We had our long-lost Brooklyn friends and their kids over Saturday night. I don't know why I was sweating the menu -- our friends are so laid-back and were just such a pleasure to spend time with. Crazy. I worried about all the dumb things no one who matters notices: a missed dust bunny rolling down the stairs; the grease spots on the backsplash that I've grown used to; the tornado of toys that is M's room, and for which no amount of cleaning ever seems to remedy. Our friends didn't notice; we were all too busy catching up and trying to get some food into our kids to do a white-glove test.

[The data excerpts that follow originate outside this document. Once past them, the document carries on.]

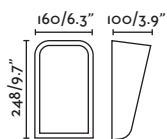

Mask
Lucid Product Design

IP65 IK06 incl. SEA SIDE SUITABLE

Half
Nahrang

IP65 incl.

Material	Structure Aluminium
	Diffuser Glass
Power	15W
Lumen Output	550lm
Light Source	SMD LED 3000K
Class	I
CRI	>80
Voltage	100V-240V/50/60Hz

Material	Structure Aluminium
	Diffuser Glass
Power	20W
Lumen Output	1350lm
Light Source	SMD LED 3000K
Class	I
CRI	>80
Voltage	220V-240V/50/60Hz
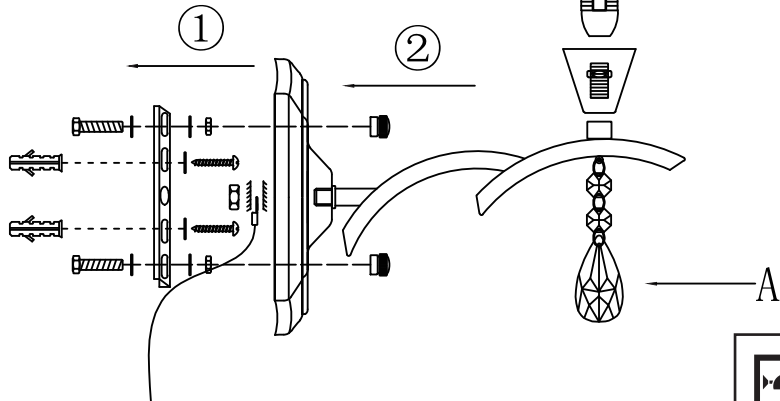

Instruction

Collection: Modern
Series: Arte
Model: ARM901-01-N
Wall-mounted

A=1

– Wall-mounted

1 x E14 (40w)

MAYTONI
DECORATIVE LIGHTING

www.maytoni.de
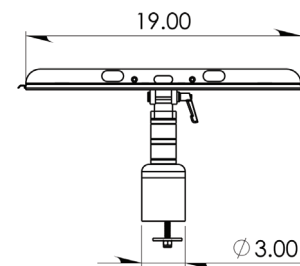

FEATURES:

- Collapsible arms
- Fold-up keyboard tray
- Slide-out mouse tray

OPTIONS:

- Flat, ergonomic, or mini keyboard tray styles
- 11" and 20" extension arms
- Also available in wall and pole mounts

SPECIFICATIONS:

Finish:	Gray or black
Weight capacity:	45 lbs (20.4 kg)
Keyboard tray size:	19" W x 10" D

SIDE ELEVATION

TOP VIEW

FRONT ELEVATION

ICWUSA.com, Inc. • 1487 Kingsley Drive • Medford, OR 97504 • Phone: 800-558-4435
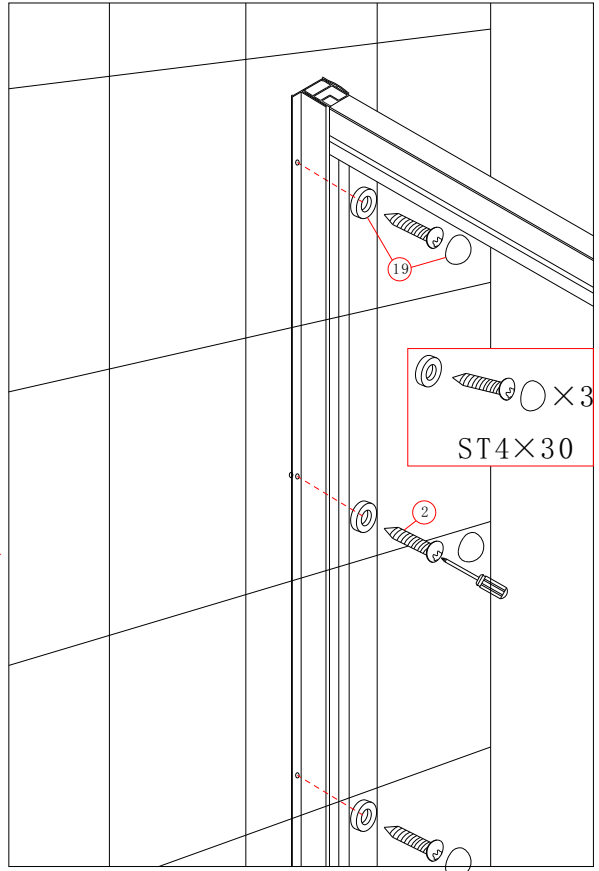

3

4

This product is heavy and will require two people to install.

4
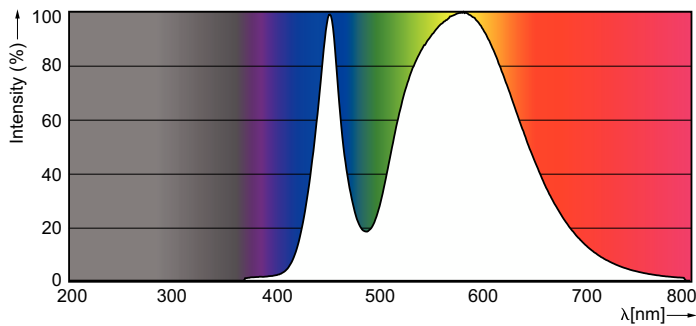

Product data

General Information	
Cap-Base	G13 [Medium Bi-Pin Fluorescent]
Nominal lifetime	15,000 hour(s)
Switching Cycle	50,000
Lighting Technology	LED
EU RoHS compliant	Yes
Light Technical	
Color Code	740 [CCT of 4000K]
Beam Angle (Nom)	240 degree(s)
Luminous Flux	800 lm
Color Designation	Cool White (CW)
Correlated Color Temperature (Nom)	4000 K
Luminous Efficacy (rated) (Nom)	100.00 lm/W
Color Consistency	<7
Color rendering index (CRI)	73
LLMF At End Of Nominal Lifetime (Nom)	70 %
Operating and Electrical	
Line Frequency	50 to 60 Hz
Input Frequency	50 to 60 Hz
Power Consumption	8 W
Starting Time (Nom)	0.5 s

Dimensional drawing

Product	D1	D2	A1	A2	A3	C	D
LEDtube 600mm	25.68	28 mm	588.5	595.5	602.5	602.5	27.8
8W 740 T8 AP I G	mm		mm	mm	mm	mm	mm

Photometric data

General uniform lighting - LEDtube 600mm 8W 740 T8 AP I G

Light Distribution Diagram - LEDtube 600mm 8W 740 T8 AP I G

Spectral Power Distribution Colour - LEDtube 600mm 8W 740 T8 AP I G

Essential LEDtube

Lifetime

Life Expectancy Diagram - LEDtube 600mm 8W 740 T8 AP I G
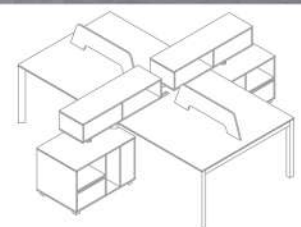

046 Workstation
L 280 cm / W 280 cm / H 77 cm

Menu-wise, I was pretty set on the portobello lasagne, but Amy softened me with her idea about crab cakes, and I decided that even though I hate frying things because I can never get them crisp but end up with limp greasy things, I thought I'd give the crab cakes a whirl. Amy and I didn't connect that day for me to get her recipe, so I picked a recipe from AllRecipes.com and embellished a bit. Turns out you can pre-shape crab cakes and then broil them when your guests arrive (who knew?). Easy peasy, and if you care, a lot less calorie-laden than the fried version. And our guests asked for the recipe, which I have to say was pretty tasty -- crab and mayo, what's not to love? So, if you're feeling crabby this week, here's the embarrassingly easy recipe we used.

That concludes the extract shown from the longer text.